Task directions: Could you copy the data that follows exactly as written, but drop the pictures?

Exercise material:

== Segment start ==

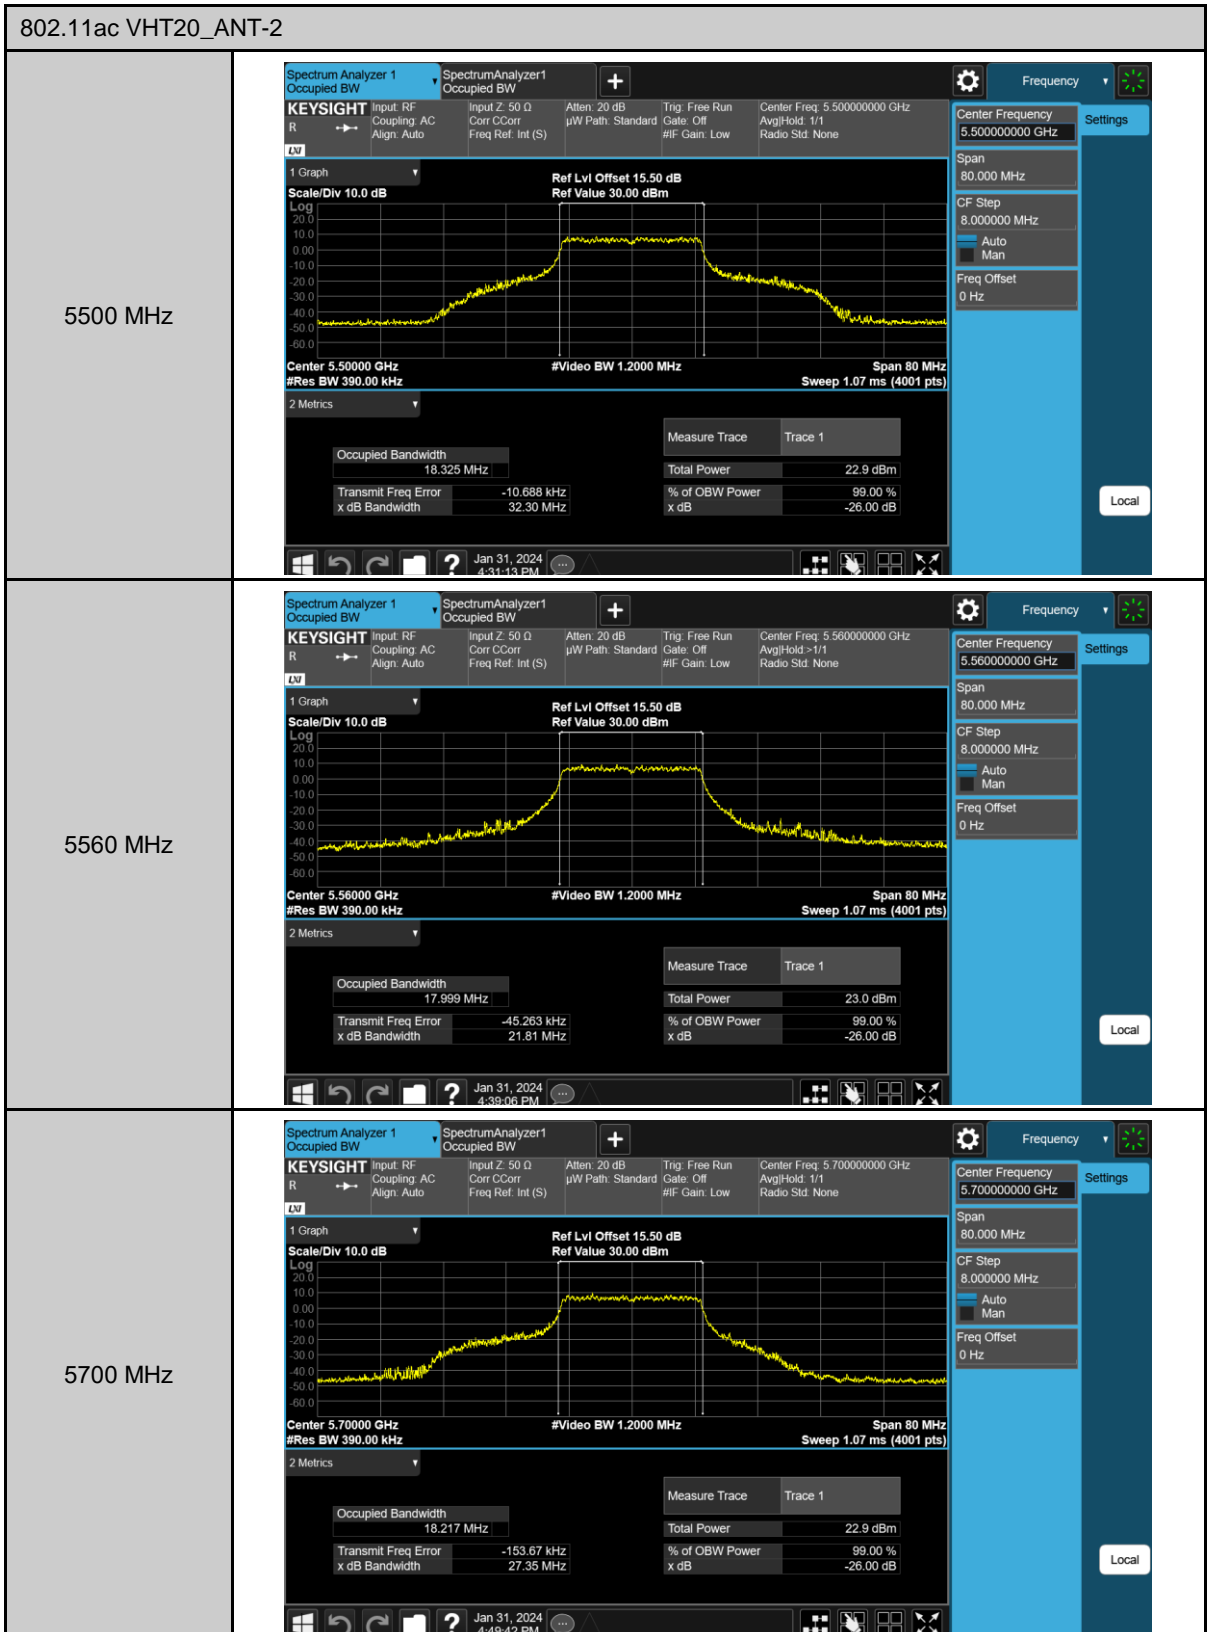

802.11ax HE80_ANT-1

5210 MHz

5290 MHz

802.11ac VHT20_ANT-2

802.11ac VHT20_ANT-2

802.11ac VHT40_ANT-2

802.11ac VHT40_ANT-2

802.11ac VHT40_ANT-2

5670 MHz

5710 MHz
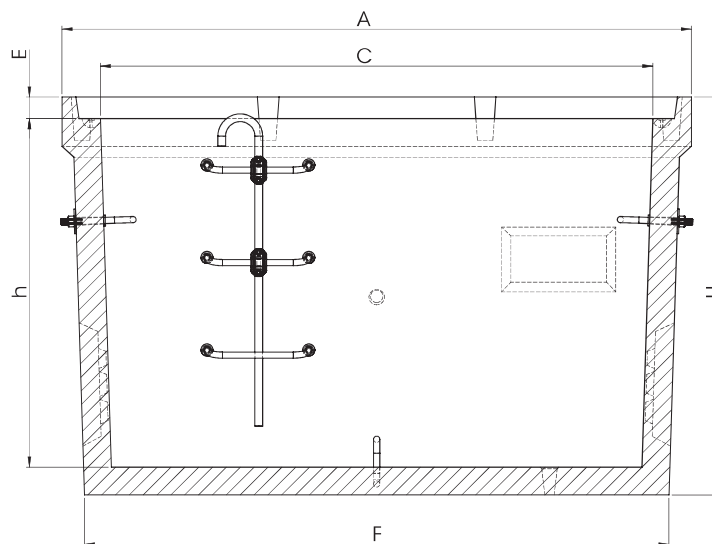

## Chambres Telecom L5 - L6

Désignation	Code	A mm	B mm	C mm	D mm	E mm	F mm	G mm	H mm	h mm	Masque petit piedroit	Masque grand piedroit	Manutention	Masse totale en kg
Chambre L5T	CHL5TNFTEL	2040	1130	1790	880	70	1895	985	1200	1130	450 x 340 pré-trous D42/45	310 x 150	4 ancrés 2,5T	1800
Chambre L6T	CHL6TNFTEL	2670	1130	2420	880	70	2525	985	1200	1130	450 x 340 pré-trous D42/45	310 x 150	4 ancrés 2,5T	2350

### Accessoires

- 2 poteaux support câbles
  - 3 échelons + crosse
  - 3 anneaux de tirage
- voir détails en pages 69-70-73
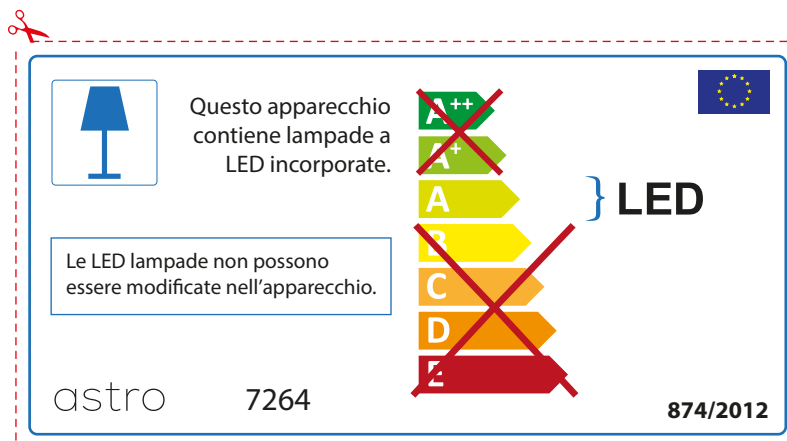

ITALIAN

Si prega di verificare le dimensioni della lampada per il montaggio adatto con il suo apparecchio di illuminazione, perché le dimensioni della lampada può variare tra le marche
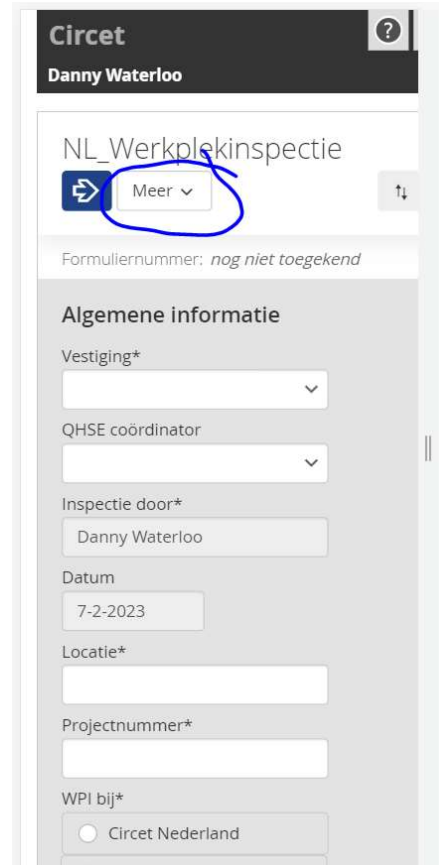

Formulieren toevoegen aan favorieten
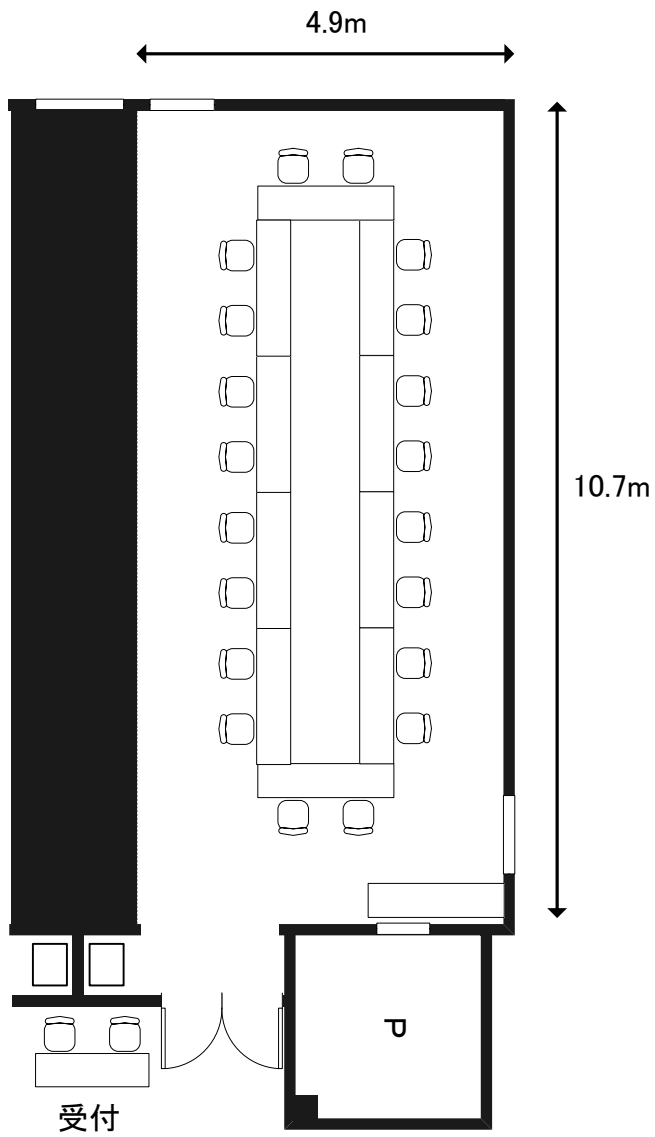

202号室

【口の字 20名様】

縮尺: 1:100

== Segment end ==

Final answer:
802.11ax HE80_ANT-1

5210 MHz

5290 MHz

802.11ac VHT20_ANT-2

802.11ac VHT20_ANT-2

802.11ac VHT40_ANT-2

802.11ac VHT40_ANT-2

802.11ac VHT40_ANT-2

5670 MHz

5710 MHz

## Chambres Telecom L5 - L6

Désignation	Code	A mm	B mm	C mm	D mm	E mm	F mm	G mm	H mm	h mm	Masque petit piedroit	Masque grand piedroit	Manutention	Masse totale en kg
Chambre L5T	CHL5TNFTEL	2040	1130	1790	880	70	1895	985	1200	1130	450 x 340 pré-trous D42/45	310 x 150	4 ancrés 2,5T	1800
Chambre L6T	CHL6TNFTEL	2670	1130	2420	880	70	2525	985	1200	1130	450 x 340 pré-trous D42/45	310 x 150	4 ancrés 2,5T	2350

### Accessoires

- 2 poteaux support câbles
  - 3 échelons + crosse
  - 3 anneaux de tirage
- voir détails en pages 69-70-73

ITALIAN

Si prega di verificare le dimensioni della lampada per il montaggio adatto con il suo apparecchio di illuminazione, perché le dimensioni della lampada può variare tra le marche

Formulieren toevoegen aan favorieten

202号室

【口の字 20名様】

縮尺: 1:100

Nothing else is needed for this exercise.